--- START ---

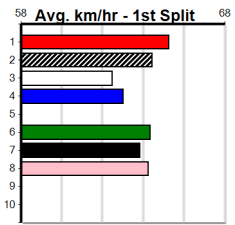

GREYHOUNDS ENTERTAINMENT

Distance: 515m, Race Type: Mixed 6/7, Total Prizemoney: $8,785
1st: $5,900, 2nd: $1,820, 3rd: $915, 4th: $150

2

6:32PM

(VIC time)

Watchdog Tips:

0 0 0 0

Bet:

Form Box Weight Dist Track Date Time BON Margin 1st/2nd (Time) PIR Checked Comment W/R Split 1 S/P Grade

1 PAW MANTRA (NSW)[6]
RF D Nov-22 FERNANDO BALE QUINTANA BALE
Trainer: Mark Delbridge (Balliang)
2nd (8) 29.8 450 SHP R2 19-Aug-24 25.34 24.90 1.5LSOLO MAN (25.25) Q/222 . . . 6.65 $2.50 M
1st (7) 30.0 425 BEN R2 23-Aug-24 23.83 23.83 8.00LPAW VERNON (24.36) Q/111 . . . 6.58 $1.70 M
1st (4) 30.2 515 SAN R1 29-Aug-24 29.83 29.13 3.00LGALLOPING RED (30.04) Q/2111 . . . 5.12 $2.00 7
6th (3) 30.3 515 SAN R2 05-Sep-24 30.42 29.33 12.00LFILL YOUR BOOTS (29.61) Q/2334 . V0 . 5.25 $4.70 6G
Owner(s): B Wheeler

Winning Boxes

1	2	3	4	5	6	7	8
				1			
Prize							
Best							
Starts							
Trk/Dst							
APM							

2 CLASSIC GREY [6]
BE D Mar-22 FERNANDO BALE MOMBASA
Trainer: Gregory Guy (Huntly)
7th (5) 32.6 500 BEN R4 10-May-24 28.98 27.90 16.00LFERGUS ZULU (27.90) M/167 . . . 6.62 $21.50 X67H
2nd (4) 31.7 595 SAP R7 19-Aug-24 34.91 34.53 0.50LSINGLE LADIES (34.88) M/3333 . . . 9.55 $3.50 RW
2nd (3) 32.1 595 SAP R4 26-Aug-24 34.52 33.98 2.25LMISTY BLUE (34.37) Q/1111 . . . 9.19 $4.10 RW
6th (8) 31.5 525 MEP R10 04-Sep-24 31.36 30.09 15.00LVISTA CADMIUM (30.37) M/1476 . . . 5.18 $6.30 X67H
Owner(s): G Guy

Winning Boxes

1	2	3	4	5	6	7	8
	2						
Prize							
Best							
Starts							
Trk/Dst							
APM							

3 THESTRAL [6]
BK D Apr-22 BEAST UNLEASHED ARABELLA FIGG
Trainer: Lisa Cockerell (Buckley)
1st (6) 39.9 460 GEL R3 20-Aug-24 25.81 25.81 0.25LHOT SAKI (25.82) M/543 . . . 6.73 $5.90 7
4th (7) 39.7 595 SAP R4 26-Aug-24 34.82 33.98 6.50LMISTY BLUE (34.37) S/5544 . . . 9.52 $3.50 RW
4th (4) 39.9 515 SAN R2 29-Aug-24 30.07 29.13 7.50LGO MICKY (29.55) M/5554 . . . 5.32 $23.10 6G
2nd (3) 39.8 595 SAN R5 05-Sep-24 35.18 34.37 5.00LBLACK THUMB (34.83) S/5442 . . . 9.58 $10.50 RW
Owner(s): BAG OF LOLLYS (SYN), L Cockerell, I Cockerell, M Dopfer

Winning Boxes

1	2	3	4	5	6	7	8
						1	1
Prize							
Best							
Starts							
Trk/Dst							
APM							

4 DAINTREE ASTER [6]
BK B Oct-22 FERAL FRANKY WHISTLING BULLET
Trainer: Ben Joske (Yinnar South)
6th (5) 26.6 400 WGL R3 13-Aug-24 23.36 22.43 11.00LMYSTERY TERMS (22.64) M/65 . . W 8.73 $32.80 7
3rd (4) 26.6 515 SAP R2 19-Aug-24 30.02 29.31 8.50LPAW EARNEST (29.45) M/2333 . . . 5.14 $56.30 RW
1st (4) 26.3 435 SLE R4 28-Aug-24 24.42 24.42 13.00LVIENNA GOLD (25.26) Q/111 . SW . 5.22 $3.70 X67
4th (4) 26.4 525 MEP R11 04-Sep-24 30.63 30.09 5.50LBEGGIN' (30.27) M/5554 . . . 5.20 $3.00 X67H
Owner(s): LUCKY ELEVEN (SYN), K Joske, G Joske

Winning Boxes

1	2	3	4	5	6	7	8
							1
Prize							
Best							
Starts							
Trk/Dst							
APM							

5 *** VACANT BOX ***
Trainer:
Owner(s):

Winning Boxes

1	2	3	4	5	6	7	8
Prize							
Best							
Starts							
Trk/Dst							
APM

--- END ---

Your assignment
Pictures aside, repeat exactly every line from the top of the listing above through the line bearing "1st (4) 30.2", inclusive.

Result
GREYHOUNDS ENTERTAINMENT

Distance: 515m, Race Type: Mixed 6/7, Total Prizemoney: $8,785
1st: $5,900, 2nd: $1,820, 3rd: $915, 4th: $150

2

6:32PM

(VIC time)

Watchdog Tips:

0 0 0 0

Bet:

Form Box Weight Dist Track Date Time BON Margin 1st/2nd (Time) PIR Checked Comment W/R Split 1 S/P Grade

1 PAW MANTRA (NSW)[6]
RF D Nov-22 FERNANDO BALE QUINTANA BALE
Trainer: Mark Delbridge (Balliang)
2nd (8) 29.8 450 SHP R2 19-Aug-24 25.34 24.90 1.5LSOLO MAN (25.25) Q/222 . . . 6.65 $2.50 M
1st (7) 30.0 425 BEN R2 23-Aug-24 23.83 23.83 8.00LPAW VERNON (24.36) Q/111 . . . 6.58 $1.70 M
1st (4) 30.2 515 SAN R1 29-Aug-24 29.83 29.13 3.00LGALLOPING RED (30.04) Q/2111 . . . 5.12 $2.00 7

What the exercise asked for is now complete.